When he struck the ball and it ran some ten feet up the incline of the green and made a lazy Indy 500 turn, every pupil was focused on the ball. And now the ball started down the slant, and the crowd drew a collective breath and it trickled down, not so much rolling as drifting, being drawn like a magnet toward a special moment. This scene was directed by Alfred Hitchcock. This was a scene of a child playing with a revolver. This was watching the last card placed delicately atop a hundred decks in a castle of cards. The ball rolled to the lip of the cup and stopped. Or so it seemed in that freeze frame of time. For one millisecond it was the Twilight Zone episode where all the people are frozen in place while the astronauts walk around in lone animation. And then the collective energy of every soul there and every soul watching on television willed the black Nike swoop on that ball another rotation and it plopped into the hole. The crowd voice was an earthquake and Chris and I found ourselves bounding into free space in a glory leap. Chris’s eyebrows neared his hair line, his open mouth moved into a grin, and our hands slapped in high fives. We began to assess what we had just seen.... How many times will we see that shot again in our lives? How many times will that highlight be shown in the broadcasts to come? And these two orbs in these two sockets were witness.

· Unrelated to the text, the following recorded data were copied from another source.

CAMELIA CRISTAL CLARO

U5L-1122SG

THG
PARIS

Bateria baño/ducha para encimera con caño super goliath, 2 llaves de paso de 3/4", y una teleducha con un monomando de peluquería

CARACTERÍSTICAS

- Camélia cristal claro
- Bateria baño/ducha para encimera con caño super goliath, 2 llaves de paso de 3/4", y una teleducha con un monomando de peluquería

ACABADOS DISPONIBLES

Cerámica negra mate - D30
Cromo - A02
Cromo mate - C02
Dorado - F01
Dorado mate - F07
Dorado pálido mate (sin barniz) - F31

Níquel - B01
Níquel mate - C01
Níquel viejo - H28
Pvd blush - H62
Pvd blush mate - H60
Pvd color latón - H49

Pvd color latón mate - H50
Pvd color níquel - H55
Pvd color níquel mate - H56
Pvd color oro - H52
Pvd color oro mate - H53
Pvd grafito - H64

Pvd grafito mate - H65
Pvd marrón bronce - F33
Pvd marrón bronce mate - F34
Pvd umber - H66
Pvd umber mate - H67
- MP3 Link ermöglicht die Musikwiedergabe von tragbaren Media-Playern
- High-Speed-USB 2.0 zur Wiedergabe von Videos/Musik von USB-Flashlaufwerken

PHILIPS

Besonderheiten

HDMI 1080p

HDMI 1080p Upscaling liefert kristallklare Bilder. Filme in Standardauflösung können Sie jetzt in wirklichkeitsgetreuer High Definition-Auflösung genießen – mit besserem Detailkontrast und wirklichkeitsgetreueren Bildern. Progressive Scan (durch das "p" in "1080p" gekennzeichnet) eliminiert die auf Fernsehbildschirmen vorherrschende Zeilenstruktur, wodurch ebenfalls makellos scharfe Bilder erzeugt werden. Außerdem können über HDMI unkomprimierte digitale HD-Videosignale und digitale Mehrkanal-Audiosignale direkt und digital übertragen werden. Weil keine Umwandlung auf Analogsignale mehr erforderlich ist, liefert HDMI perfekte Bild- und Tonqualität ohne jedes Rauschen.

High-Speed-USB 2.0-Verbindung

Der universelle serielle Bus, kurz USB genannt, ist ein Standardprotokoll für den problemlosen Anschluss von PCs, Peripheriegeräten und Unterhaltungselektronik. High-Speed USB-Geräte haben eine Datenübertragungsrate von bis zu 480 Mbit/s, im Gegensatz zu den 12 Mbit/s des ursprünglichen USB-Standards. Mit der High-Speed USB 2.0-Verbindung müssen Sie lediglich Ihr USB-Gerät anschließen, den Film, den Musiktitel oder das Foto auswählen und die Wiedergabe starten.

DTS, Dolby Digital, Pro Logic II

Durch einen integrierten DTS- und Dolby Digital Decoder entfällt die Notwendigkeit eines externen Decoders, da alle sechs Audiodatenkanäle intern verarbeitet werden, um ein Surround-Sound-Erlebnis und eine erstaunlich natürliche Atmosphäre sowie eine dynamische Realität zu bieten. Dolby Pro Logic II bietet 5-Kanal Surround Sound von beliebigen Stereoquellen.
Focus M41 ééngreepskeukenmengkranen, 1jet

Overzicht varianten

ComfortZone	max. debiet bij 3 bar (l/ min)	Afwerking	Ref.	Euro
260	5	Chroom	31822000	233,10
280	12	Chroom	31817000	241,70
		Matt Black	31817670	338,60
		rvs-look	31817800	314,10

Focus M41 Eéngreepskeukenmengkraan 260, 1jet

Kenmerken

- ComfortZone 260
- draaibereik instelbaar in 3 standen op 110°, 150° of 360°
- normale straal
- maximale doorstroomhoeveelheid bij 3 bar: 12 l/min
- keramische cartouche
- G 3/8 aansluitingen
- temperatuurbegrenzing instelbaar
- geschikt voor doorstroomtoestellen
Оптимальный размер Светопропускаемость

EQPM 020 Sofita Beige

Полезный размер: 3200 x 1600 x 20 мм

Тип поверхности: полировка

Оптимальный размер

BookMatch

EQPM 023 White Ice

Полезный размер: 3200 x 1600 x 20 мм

“The difference,” said DiMarco after his sudden death playoff loss,” was that his chip went in and mine didn’t.” DiMarco’s chip on eighteen hit the flagstick and deflected, or Tiger’s remarkable twenty foot break would have lost some glamour. But that could not happen. Not this day.
This had been the passing of the guard. Jack Nicklaus had sat before the cameras and said that this was most likely his last Masters. His time had come to face the reality of his physical decline from the pinnacle he had crafted. It would have been fitting if he, rather than Mickelson, could have placed that green jacket on Tiger’s shoulders. This was the new era and the crowning of a new king.

Sunday, May 3, 2009

Flashback

Today it is raining and I am inside, and I’m dry, and I’m cozy.

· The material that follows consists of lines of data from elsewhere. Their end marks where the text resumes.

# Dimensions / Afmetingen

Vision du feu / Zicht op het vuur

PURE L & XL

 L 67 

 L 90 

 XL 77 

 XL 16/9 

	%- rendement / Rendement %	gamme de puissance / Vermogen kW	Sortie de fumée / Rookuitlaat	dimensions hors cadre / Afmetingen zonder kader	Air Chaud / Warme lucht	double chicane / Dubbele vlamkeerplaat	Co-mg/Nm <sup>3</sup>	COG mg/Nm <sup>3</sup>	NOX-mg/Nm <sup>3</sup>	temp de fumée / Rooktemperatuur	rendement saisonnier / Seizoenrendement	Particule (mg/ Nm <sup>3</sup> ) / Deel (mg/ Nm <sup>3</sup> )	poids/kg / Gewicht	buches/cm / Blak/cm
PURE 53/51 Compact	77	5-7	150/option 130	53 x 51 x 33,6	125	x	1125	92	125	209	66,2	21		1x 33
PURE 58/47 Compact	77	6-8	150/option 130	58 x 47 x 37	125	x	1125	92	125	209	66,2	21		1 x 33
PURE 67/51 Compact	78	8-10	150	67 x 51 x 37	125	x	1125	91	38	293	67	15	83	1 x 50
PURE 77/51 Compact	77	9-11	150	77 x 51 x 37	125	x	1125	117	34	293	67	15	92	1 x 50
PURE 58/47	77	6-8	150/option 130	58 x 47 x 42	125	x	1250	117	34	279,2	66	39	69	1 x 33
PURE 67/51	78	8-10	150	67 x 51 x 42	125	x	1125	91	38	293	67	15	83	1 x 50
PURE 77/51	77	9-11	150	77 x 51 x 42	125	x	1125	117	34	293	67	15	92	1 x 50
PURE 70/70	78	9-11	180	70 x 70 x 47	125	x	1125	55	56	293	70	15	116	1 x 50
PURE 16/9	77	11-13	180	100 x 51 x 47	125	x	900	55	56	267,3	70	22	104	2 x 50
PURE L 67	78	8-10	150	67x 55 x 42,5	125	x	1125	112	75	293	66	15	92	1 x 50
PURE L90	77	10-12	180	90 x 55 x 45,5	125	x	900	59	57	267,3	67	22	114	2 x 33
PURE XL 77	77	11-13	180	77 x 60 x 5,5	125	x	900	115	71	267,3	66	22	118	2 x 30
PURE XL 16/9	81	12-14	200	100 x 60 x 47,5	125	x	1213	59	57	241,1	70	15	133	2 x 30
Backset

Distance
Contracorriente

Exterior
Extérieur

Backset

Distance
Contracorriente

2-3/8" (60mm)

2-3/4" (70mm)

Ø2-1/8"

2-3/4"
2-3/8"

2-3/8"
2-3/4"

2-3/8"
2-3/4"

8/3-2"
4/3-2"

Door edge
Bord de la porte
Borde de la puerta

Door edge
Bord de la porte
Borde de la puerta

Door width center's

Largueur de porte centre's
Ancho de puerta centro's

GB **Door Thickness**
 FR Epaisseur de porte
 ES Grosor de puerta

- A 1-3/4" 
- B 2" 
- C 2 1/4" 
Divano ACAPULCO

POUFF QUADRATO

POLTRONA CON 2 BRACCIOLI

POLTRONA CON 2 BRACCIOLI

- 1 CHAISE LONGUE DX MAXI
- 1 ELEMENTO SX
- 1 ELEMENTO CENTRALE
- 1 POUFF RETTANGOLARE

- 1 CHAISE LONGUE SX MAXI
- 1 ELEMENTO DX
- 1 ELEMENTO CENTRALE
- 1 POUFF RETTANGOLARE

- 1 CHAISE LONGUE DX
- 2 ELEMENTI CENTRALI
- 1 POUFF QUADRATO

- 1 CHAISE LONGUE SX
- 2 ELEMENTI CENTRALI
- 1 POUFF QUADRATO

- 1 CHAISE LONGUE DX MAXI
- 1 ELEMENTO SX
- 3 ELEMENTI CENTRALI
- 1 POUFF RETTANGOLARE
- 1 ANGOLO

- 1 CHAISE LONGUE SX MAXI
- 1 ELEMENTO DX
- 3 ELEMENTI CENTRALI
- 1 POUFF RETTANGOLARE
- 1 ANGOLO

Acute memory though, of my twenty-one year old ass fitting into an upside down steel pot helmet that held me out of the rice patty water. I’m on night guard and my poncho drapes around me and into the water at my boot ankles and my M-16 is between my knees like a tent pole. It is such a drenching downpour that I have zero fear of Viet Cong intruders. They are wet and cold too. I have the poncho drawn to a fine pinhole over one pupil and I am marinating my body inside in the smoke from my cigarette. The poncho is thick enough that it hides the glow of each smoky draw, and this wee hour smoke, out here in the bush, is an unusual treat. So I peer through the pinhole into nothingness but rain lines that are popping the rice patty surface, and I sit in the arc of my squad perimeter that circle in a protective pattern. No trip flares are out, the rice patty too soggy for a firmly staked grip. So the rain drops drill the outside poncho against my light helmet liner and I conger up visions of the United States, women who are not Asian, freedom to just go for a drive, dry clothes, fresh fruit and sliced tomatoes. These thoughts are in the slice of custard in my cranium where I go for refuge, for down time, for escape.

Then I am here again in my cozy home looking out at the splashing rain. I go back to the kitchen for another cup of coffee and ponder whether I should go outside and get cold and soaked, just because of my freedom to come back inside and be dry and cozy.